Only when a strategy for change and an awareness of the need to keep society healthy strike a creative balance can we work for true community development. In a time when the excitement of the age of ideology has not yet disappeared completely, the goals of freedom, equality, independence and unification can be stressed with absolute authority.
Also, the belief in the omnipotence of markets and high-speed development can get out of control. The task for our age is keeping people grounded in reality and connecting our traditions with the current social values and rules of our society.
Perhaps we are waiting for a new political movement that will lead us to preserve nature, environment and society at the same time.
Couldn’t a true conservative force, one that doesn’t indulge in protecting its vested interests, be born?

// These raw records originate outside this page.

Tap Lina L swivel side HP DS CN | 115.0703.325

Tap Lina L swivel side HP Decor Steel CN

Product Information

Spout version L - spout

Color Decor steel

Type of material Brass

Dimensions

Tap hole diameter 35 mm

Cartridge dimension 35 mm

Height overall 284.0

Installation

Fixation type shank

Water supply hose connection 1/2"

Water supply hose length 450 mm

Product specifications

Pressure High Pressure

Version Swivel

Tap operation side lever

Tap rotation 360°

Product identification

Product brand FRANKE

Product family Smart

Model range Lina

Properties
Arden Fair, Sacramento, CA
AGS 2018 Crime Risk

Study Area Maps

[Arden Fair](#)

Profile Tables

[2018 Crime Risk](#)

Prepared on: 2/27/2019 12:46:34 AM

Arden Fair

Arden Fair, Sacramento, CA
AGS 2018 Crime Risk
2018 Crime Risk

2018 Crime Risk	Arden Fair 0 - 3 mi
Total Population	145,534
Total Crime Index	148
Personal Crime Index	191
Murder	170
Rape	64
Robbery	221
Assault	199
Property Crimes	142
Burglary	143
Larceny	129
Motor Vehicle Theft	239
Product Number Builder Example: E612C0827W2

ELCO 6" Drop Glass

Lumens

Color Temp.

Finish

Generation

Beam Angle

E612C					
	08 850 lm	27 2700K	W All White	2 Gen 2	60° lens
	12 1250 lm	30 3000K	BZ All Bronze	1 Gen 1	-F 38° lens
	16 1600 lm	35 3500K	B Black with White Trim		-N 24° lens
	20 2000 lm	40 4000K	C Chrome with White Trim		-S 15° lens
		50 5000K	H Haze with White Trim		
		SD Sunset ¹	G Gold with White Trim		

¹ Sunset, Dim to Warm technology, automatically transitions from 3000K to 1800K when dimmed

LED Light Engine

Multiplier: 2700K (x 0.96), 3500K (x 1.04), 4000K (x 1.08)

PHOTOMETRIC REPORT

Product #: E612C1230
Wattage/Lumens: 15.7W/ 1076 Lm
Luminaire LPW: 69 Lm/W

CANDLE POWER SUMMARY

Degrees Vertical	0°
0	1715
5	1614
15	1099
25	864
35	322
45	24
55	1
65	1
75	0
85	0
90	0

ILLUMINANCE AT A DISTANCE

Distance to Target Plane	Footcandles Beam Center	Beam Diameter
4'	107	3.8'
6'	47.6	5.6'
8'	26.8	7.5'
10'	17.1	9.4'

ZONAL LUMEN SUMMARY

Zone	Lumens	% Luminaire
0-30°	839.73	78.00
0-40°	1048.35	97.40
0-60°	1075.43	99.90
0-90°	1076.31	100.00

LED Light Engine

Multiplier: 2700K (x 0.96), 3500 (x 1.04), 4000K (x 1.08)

The Conservative Party of the United Kingdom today focuses more on preserving British traditions than on protecting vested rights and pledges to contribute to the development of the nation and society.
I look forward to seeing the day when our country joins the rank of advanced countries, in terms of healthy preservation of our society, by establishing the identity of our national community and upgrading its status through recognition of our history and traditions.
On Lunar New Year’s Eve, our national soccer team played against Kuwait in the qualification rounds for the 2006 World Cup in Germany. The surprising dream that came true in the 2002 World Cup, when Korea made the semifinals, still makes our hearts beat fast.
The wave of Korean fever, which grew strong all through last year, continues to get strong in the new year. It now spreads all over Asia, including Japan, and provides us a source of endless pride in our country.
However, we should not lie idle, feeling proud of ourselves, but ask ourselves cool-headedly a couple of questions: What are the Korean values that we cherish, feel proud of and wish to spread all throughout Asia and the world?
And how are we going to preserve and develop creatively such values and beauty in light of the trend of world history?

* The writer, a former prime minister, is an advisor to the JoongAng Ilbo. Translation by the JoongAng Daily staff.